Lines before the one with "- 6. Dimming Knob" are left out; return that line and all that follow it, exactly, through the end of the data.

◆ **The data**:
┌────────

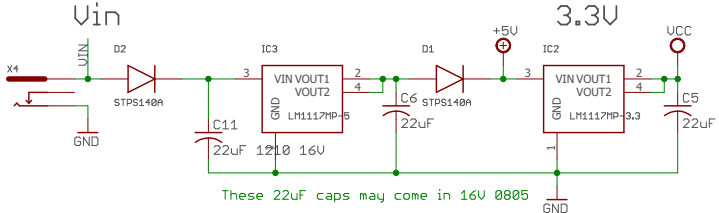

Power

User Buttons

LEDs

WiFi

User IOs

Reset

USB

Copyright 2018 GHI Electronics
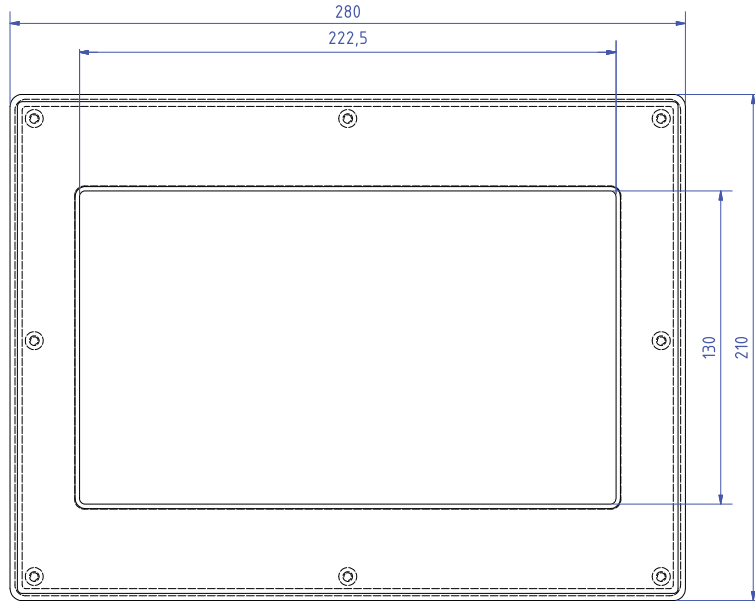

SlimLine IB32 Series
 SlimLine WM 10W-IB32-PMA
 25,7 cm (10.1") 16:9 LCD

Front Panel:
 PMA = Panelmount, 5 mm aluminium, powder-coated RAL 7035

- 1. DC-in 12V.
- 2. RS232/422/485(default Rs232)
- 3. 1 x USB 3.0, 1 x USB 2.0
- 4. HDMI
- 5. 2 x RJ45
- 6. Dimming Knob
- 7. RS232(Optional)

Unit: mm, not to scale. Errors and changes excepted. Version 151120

└────────

◆ **Solution to this task**:
- 6. Dimming Knob
- 7. RS232(Optional)

Unit: mm, not to scale. Errors and changes excepted. Version 151120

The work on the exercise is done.